La perte régulière des alimentations électriques a conduit l’exploitant de la centrale nucléaire de Zaporijia à maintenir les 6 réacteurs en arrêt (à froid ou parfois à chaud) depuis plusieurs mois. Actuellement, 5 réacteurs sont en arrêt à froid et un en arrêt à chaud.
Malgré l’arrêt des réactions de fission nucléaire et la baisse relative de la température, le maintien des fonctions de sûreté des réacteurs, et en particulier le refroidissement permanent des combustibles irradiés hautement radioactifs présents dans les cœurs et dans les piscines de désactivation, nécessite une puissance électrique de 100 MW fiable, le recours à une source froide (eau) et du personnel.
Rappelons que l’impossibilité de refroidir correctement une centrale nucléaire peut conduire, dans certaines configurations, à une catastrophe comme ce fut le cas en mars 2011 à la centrale de Fukushima Daiichi au Japon.
Problèmes posés par le niveau d’eau dans le réservoir de Kakhovka
Ces derniers mois, le risque de perte des ressources en eau nécessaires au refroidissement de la centrale nucléaire de Zaporijia s’est fortement aggravé. En effet le niveau d’eau du réservoir de Kakhovka avait baissé dangereusement, descendant à 14 mètres le 2 février 2023, soit son plus bas niveau depuis 3 décennies (cf. illustration 3). Un minimum de 12,7 mètres (selon l’AIEA : Agence internationale de l’Énergie atomique) à 13,2 mètres (selon l’administration militaire régionale de Zaporijia) est nécessaire pour permettre l’admission d’eau dans les dispositifs de refroidissement de la centrale nucléaire.
Ces dernières semaines c’est, à l’inverse, le risque d’inondation qui était craint (niveau d’eau de 17,54 mètres le 21 mai 2023).

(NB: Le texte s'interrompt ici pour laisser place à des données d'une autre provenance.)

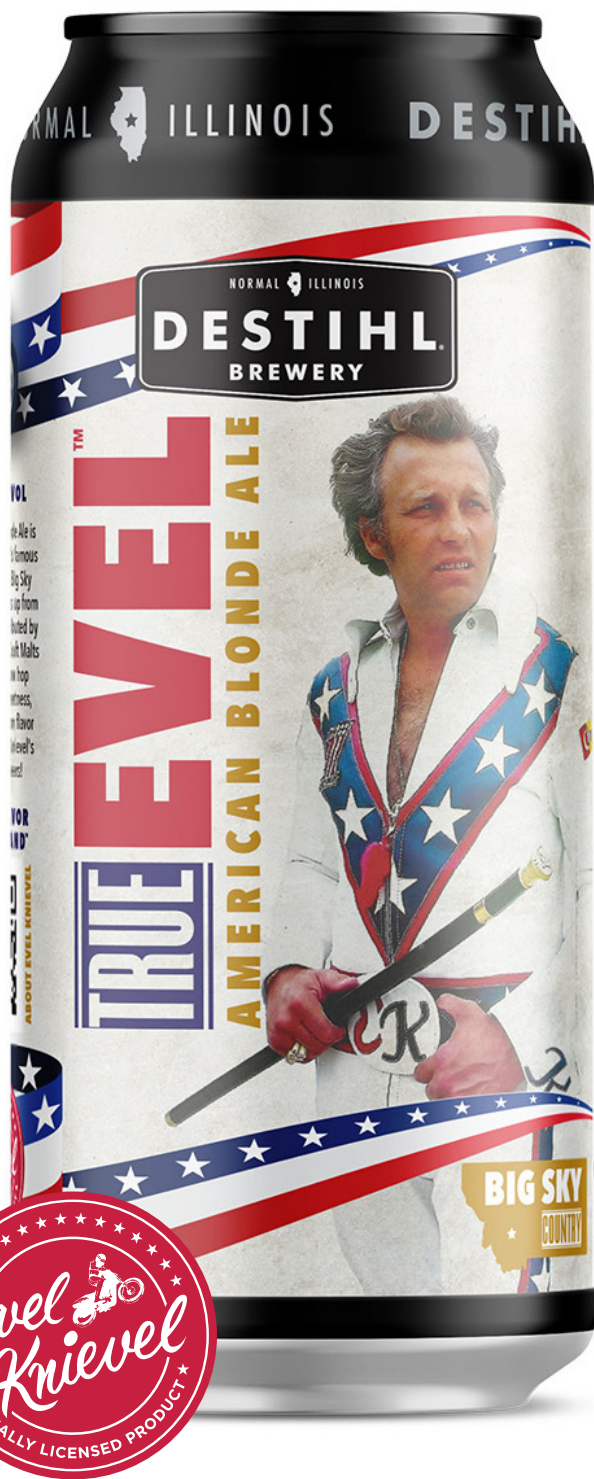

1200 GREENBRIAR DRIVE • NORMAL, IL 309.218.1616

DESTIHL.COM    #BOYCOTTBLAND

**SUPPORT BOYCOTT
FLAVOR BLAND™**

TRUE EVEL

True Evel American Blonde Ale is inspired by Evel Knievel's famous stunts and his roots in Big Sky Country. This beer ramps up from a crisp, malty base contributed by both Briess & Montana Craft Malts and then lands with low hop notes and a hint of sweetness, delivering a Blue-Ribbon flavor profile reminiscent of Knievel's audacious feats. Cheers!

STYLE: AMERICAN BLONDE ALE

ABV: 5.7%

IBU: 15

BEST SERVED IN: PILSNER OR PINT

AVAILABILITY: YEAR-ROUND

PACKAGING: 4-PACK OF 16OZ CANS,
1/6BBL KEGS, 1/2BBL KEGS

INGREDIENTS: pilsen malt, flaked corn, carapils

La brèche du 6 juin dans le barrage de Kakhovka pourrait conduire à moyen terme à l’impossibilité d’approvisionner en eau les systèmes de refroidissement de la centrale. L’AIEA indique ce 6 juin dans un communiqué, que, selon son personnel sur place, la baisse du niveau d’eau dans le réservoir de Kakhovka est de 5 centimètres par heure et que le niveau d’eau était de 16,4 mètres à 8 heures ce matin. On peut donc en déduire que, si la baisse du niveau se poursuit au rythme actuel, il ne sera plus possible d’alimenter le système dans 3 jours. Il faudra alors mettre en œuvre des solutions de secours pour garantir un apport d’eau. À court terme, la centrale nucléaire essaie de pomper le maximum d’eau pour alimenter les canaux de refroidissement et systèmes connexes et a stoppé la consommation d’eau pour des usages non essentiels.

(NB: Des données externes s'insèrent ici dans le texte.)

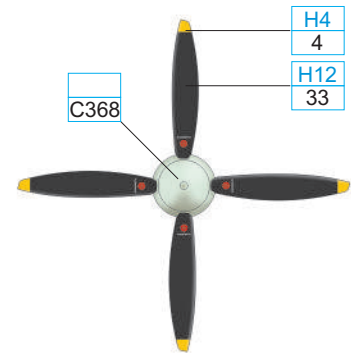

16 F Mk.IXc, LZ920, W/Cdr. Jaroslav Hlad'o, základna Bradwell Bay, prosinec 1944

YELLOW	H4 4

SKY	C368

MEDIUM SEA GRAY	C361

OCEAN GRAY	C362

DARK GREEN	C363

BLACK	H12 33

L’AIEA indique que de l’eau est disponible dans le grand bassin de refroidissement situé à côté de la centrale et dont le niveau d’eau est maintenu, par conception, au-dessus de celui du réservoir. Il pourrait fournir des capacités de refroidissement pendant quelques mois (estimation que l’AIEA tente de confirmer). L’AIEA note : «il est donc vital que ce bassin de refroidissement reste intact. Rien ne doit être fait pour potentiellement porter atteinte à son intégrité».
En cas d’impossibilité totale de refroidissement des réacteurs, la fusion du cœur du réacteur arrêté le plus tardivement pourrait intervenir au bout d’une dizaine de jours.
La poursuite du conflit rogne en permanence les marges de sûreté et augmente les risques d’accident grave. Malgré les efforts déployés depuis des mois par son directeur général, l’AIEA n’est pas parvenue à obtenir la «sanctuarisation» de la centrale de Zaporijia. Ce constat d’impuissance, et le fait qu’aucune centrale nucléaire n’est conçue pour fonctionner avec un niveau de sûreté acceptable en temps de guerre, devraient conduire l’ensemble des pays à revoir les évaluations de sûreté des installations nucléaires et à reconsidérer les politiques de développement de l’énergie nucléaire.